Required work:
Filter the entries below, keeping every line that has the word "Empty".

-- Information provided follows --

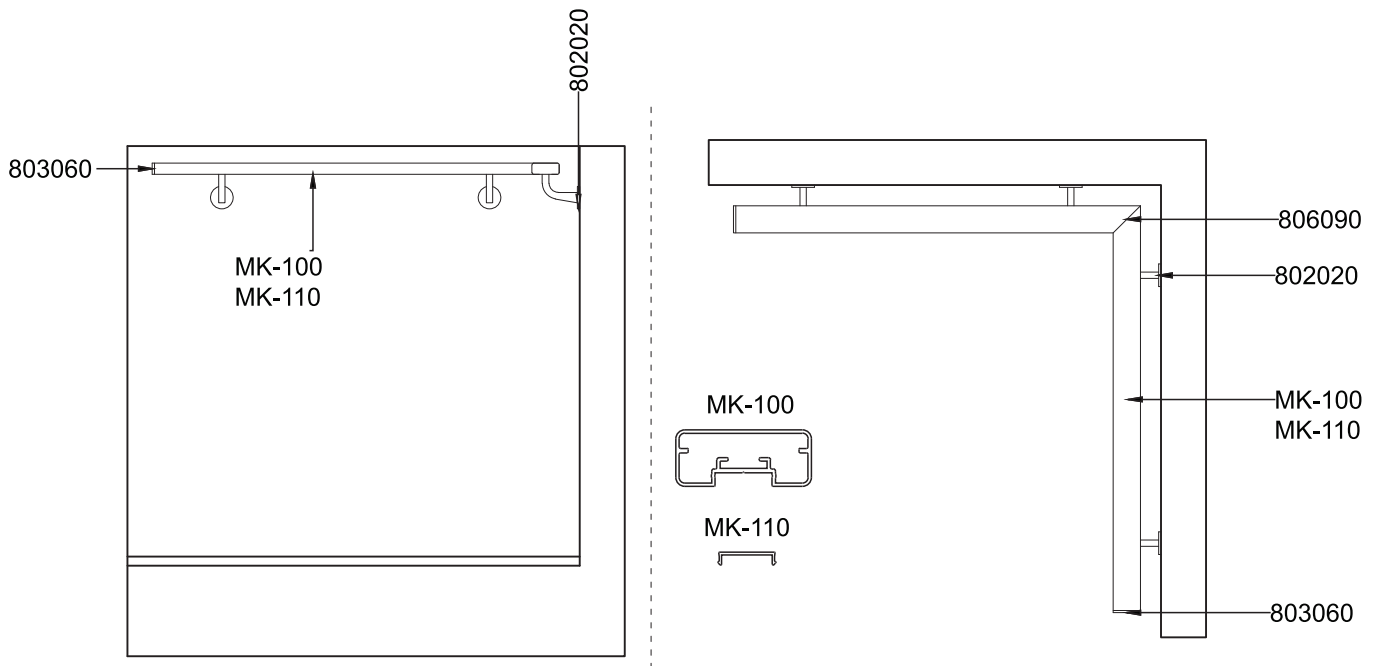

**Küpeşte/Balustrade**

**Ankraj Demirleri / Anchor Bars**

**Küpeşte/Balustrade**

825010

Kod	Boyu	Ad	
 825010	24 cm	40'lık Ankraj Demiri	Anchor Bar For 40 mm Strut Анкер для стойки 40мм بار حديدي 24 سم لانيوب مدعم 40 مم
 825011	40 cm	40'lık Ankraj Demiri	Anchor Bar For 40 mm Strut Анкер для стойки 40мм بار حديدي 40 سم لانيوب مدعم 40 مم
 825012	22 cm	40'lık Ankraj Demiri	Anchor Bar For 40 mm Strut Анкер для стойки 40мм بار حديدي 22 سم لانيوب مدعم 40 مم
 825013	20 cm	40'lık Ankraj Demiri	Anchor Bar For 40 mm Strut Анкер для стойки 40мм بار حديدي 20 سم لانيوب مدعم 40 مم
 825020	18 cm	40'lık Ankraj Demiri Kısa	Anchor Bar For 40 mm Strut Анкер для стойки 40мм بار حديدي 18 سم لانيوب مدعم 40 مم
 825021	14 cm	40'lık Ankraj Demiri Kısa	Anchor Bar For 40 mm Strut Анкер для стойки 40мм بار حديدي 14 سم لانيوب مدعم 40 مم
 825022	20 cm	40'lık Boş Ankraj Demiri	Empty Anchor Bar for 40 mm Strut Пустотельный анкер 40мм بار حديدي داخله مفرغ 40 مم
 825110	14 cm	40'lık Boş Ankraj Demiri	Empty Anchor Bar for 40 mm Strut Пустотельный анкер 40мм بار حديدي داخله مفرغ 40 مم

-- Information provided concluded --

Exercise answer:
 825022	20 cm	40'lık Boş Ankraj Demiri	Empty Anchor Bar for 40 mm Strut Пустотельный анкер 40мм بار حديدي داخله مفرغ 40 مم
 825110	14 cm	40'lık Boş Ankraj Demiri	Empty Anchor Bar for 40 mm Strut Пустотельный анкер 40мм بار حديدي داخله مفرغ 40 مم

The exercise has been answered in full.